In fact, because we failed to take advantage of the momentum of our military victory, because we failed to deliver services and let Iraqis choose their leaders early on, our military presence in vast and visible numbers has become part of the problem, not the solution.

The Military Agrees:

And our generals understand this. General George Casey, our top military commander in Iraq, recently told Congress that our large military presence “feeds the notion of occupation” and “extends the amount of time that it will take for Iraqi security forces to become self-reliant.” And Richard Nixon’s Secretary of Defense Melvin Laird, breaking a thirty year silence, writes, ''Our presence is what feeds the insurgency, and our gradual withdrawal would feed the confidence and the ability of average Iraqis to stand up to the insurgency." No wonder the Sovereignty Committee of the Iraqi Parliament is already asking for a timetable for withdrawal of our troops; without this, Iraqis believe Iraq will never be its own country.

We must move aggressively to reduce popular support for the insurgency fed by the perception of American occupation.
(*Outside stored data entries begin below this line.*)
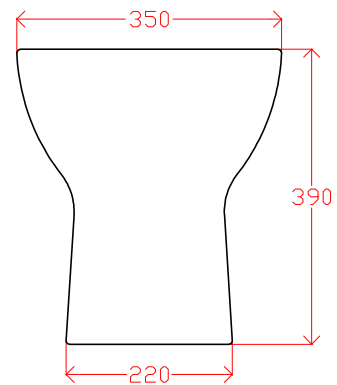

TECHNICAL DRAWING

Optima - bidet

Code: 1164100040

CIFIAL UK LTD
7 Faraday Court, Park Farm Ind Est
Wellingborough, Northants NN8 6XY
Tel: 01933 402008 Fax: 01933 402063
Email: sales@cifial.co.uk
Website: www.cifial.co.uk

CIFIAL
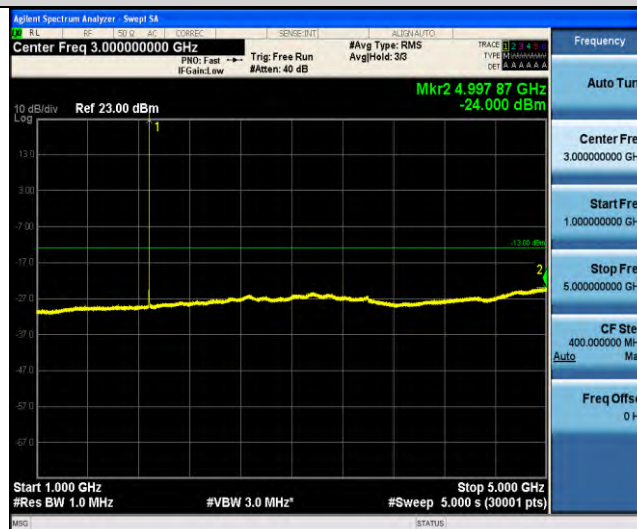

Band25-Stand-Alone-NaN-QPSK-26365-1 @ 47-3.75kHz-30-1000-30~1000MHz @ -18.47dBm--13-PASS

Band25-Stand-Alone-NaN-QPSK-26365-1 @ 47-3.75kHz-1000-5000-1000~5000MHz @ -24dBm--13-PASS

An open-ended declaration to stay ‘as long as it takes’ lets Iraqi factions maneuver for their own political advantage by making us stay as long as they want, and it becomes an excuse for billions of American tax dollars to be sent to Iraq and siphoned off into the coffers of cronyism and corruption.

It will be hard for this Administration, but it is essential to acknowledge that the insurgency will not be defeated unless our troop levels are drawn down, starting immediately after successful elections in December. The draw down of troops should be tied not to an arbitrary timetable, but to a specific timetable for transfer of political and security responsibility to Iraqis and realignment of our troop deployment. That timetable must be real and strict. The goal should be to withdraw the bulk of American combat forces by the end of next year. If the Administration does its work correctly, that is achievable.

We Need A Political Solution:

Our strategy must achieve a political solution that deprives the Sunni-dominated insurgency of support by giving the Sunnis a stake in the future of their country. The Constitution, opposed by more than two thirds of Sunnis, has postponed and even exacerbated the fundamental crisis of Iraq. The Sunnis want a strong secular national government that fairly distributes oil revenues. Shiites want to control their own region and resources in a loosely united Islamic state. And Kurds simply want to be left alone. Until sufficient compromise is hammered out, a Sunni base can not be created that isolates the hard core Baathists and jihaadists and defuses the insurgency.

We Need a Regional Security Agreement:

The Administration must bring to the table the full weight of all of Iraq’s Sunni neighbors. They also have a large stake in a stable Iraq. Instead of just telling us that Iraq is falling apart, as the Saudi foreign minister did recently, they must do their part to put it back together. We’ve proven ourselves to be a strong ally to many nations in the region. Now it’s their turn to do their part.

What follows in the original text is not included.